[Records drawn from a dataset]
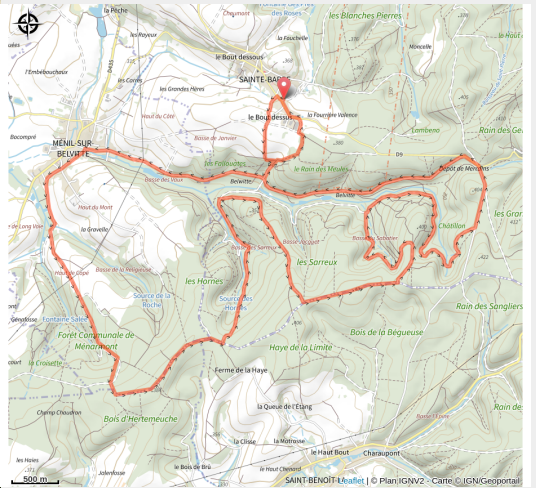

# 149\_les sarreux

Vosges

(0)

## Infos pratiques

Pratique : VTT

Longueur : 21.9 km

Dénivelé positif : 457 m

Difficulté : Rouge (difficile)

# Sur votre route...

...

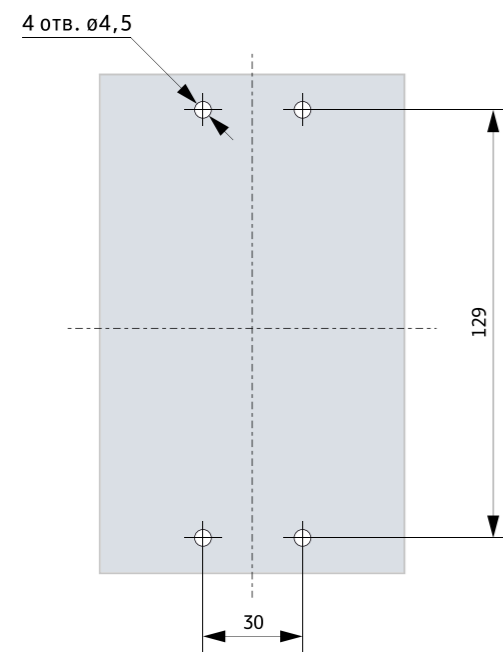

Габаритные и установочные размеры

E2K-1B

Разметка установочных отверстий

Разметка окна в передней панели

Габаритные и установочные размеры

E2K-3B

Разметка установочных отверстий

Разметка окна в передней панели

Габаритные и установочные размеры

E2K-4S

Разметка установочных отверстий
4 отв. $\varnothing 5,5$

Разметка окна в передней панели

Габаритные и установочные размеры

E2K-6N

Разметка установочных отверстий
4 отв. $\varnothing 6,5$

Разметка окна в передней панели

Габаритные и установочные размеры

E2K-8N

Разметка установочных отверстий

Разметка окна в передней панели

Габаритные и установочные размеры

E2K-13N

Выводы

- _What you have to do_
Look above for the line with "# 149\_les sarreux" and the line with "# Sur votre route..."; transcribe both and all lines in between, exactly, and nothing else.

- _Solution for this problem_
# 149\_les sarreux

Vosges

(0)

## Infos pratiques

Pratique : VTT

Longueur : 21.9 km

Dénivelé positif : 457 m

Difficulté : Rouge (difficile)

# Sur votre route...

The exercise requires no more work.